The Reasoning Harness: Preserving What's Understood, Not Just What's Said, in Human-AI Collaboration
And why that distinction may matter more for AGI than model scale.
I. The Harness Is the Product
Four days ago, Anthropic accidentally shipped the complete source code for Claude Code inside a public npm package. Within hours, 512,000 lines of TypeScript were mirrored across GitHub, analyzed by thousands of developers, and rewritten from scratch in Python by a single developer before sunrise.
The code revealed something the AI community had suspected but never seen confirmed at this level of detail: the harness layer — not the model — is where the product value lives.
The three-layer memory system. The tool orchestration. The self-healing architecture. The 19 permission-gated tools. None of this is the model. It’s the infrastructure around the model that makes it useful for real work. A Stanford and MIT paper published earlier this year — “Meta Harness: End-to-End Optimization of Model Harnesses” — formalized this insight: changing the harness around a fixed model produces a 6x performance gap. The model is the engine. The harness is everything else. And the harness matters at least as much as the engine.

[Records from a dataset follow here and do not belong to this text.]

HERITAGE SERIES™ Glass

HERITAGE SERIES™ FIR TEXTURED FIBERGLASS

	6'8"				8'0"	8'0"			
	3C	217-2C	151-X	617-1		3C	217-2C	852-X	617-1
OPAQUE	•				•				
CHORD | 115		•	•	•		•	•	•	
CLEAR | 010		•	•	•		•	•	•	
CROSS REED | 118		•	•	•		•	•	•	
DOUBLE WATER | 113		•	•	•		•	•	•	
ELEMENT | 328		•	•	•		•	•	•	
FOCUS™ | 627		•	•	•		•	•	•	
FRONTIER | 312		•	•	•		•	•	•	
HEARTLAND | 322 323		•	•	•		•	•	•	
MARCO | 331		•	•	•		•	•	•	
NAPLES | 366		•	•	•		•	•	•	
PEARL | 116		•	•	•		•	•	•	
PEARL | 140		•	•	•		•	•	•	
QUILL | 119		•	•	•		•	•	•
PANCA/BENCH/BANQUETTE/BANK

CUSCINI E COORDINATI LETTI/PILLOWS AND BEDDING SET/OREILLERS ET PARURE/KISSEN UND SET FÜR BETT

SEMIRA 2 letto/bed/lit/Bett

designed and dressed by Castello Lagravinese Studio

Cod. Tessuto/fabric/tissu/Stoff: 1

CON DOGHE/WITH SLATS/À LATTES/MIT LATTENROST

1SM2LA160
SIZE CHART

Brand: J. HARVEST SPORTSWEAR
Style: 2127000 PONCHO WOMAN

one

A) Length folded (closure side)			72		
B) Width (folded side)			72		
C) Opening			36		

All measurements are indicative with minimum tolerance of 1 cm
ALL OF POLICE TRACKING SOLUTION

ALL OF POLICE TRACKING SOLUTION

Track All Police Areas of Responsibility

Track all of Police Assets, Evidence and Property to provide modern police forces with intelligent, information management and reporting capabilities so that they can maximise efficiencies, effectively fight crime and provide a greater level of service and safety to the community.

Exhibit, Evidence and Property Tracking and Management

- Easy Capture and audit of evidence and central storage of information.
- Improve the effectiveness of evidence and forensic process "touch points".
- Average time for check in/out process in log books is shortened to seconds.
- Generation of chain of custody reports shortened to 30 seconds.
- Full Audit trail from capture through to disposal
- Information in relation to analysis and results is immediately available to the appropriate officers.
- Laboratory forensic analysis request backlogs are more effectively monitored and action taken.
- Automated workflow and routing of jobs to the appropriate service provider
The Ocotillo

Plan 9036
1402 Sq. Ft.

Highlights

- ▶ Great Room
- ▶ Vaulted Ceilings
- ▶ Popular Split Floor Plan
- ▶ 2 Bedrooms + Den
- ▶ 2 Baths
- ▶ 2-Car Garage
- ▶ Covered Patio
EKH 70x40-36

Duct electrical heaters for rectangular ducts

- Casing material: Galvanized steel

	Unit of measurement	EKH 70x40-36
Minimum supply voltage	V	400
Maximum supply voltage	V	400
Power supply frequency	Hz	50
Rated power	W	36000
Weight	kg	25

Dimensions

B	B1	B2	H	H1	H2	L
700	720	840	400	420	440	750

The leak also revealed KAIROS — an unreleased feature that turns Claude Code into an always-on background agent. KAIROS performs autonomous “memory consolidation” while the user is idle: merging observations, resolving contradictions, converting vague insights into structured facts. Even Anthropic recognizes that persistence requires curation, not just storage. But KAIROS curates for a coding agent. It optimizes task execution. It does not preserve collaborative reasoning.
But here’s what nobody’s talking about.
Every production harness that exists today — Claude Code, OpenClaw, Cursor, Codex — is designed for AI-as-tool. Systems where a human gives instructions and an AI executes them. There is no production harness for preserving reasoning across sessions. No infrastructure for maintaining logical provenance as a project evolves. No architecture for capturing the flow of collaborative thinking, the strategic posture shifts, the dependency chains that connect one conclusion to another across weeks or months of work.
There is no harness for AI-as-collaborator.
And that may be the most consequential gap in AI infrastructure today.
II. The Problem Everybody Experiences and Nobody Solves
Anyone who has used AI for extended project work — legal strategy, research, systems design, policy analysis, creative development — has experienced the same frustration.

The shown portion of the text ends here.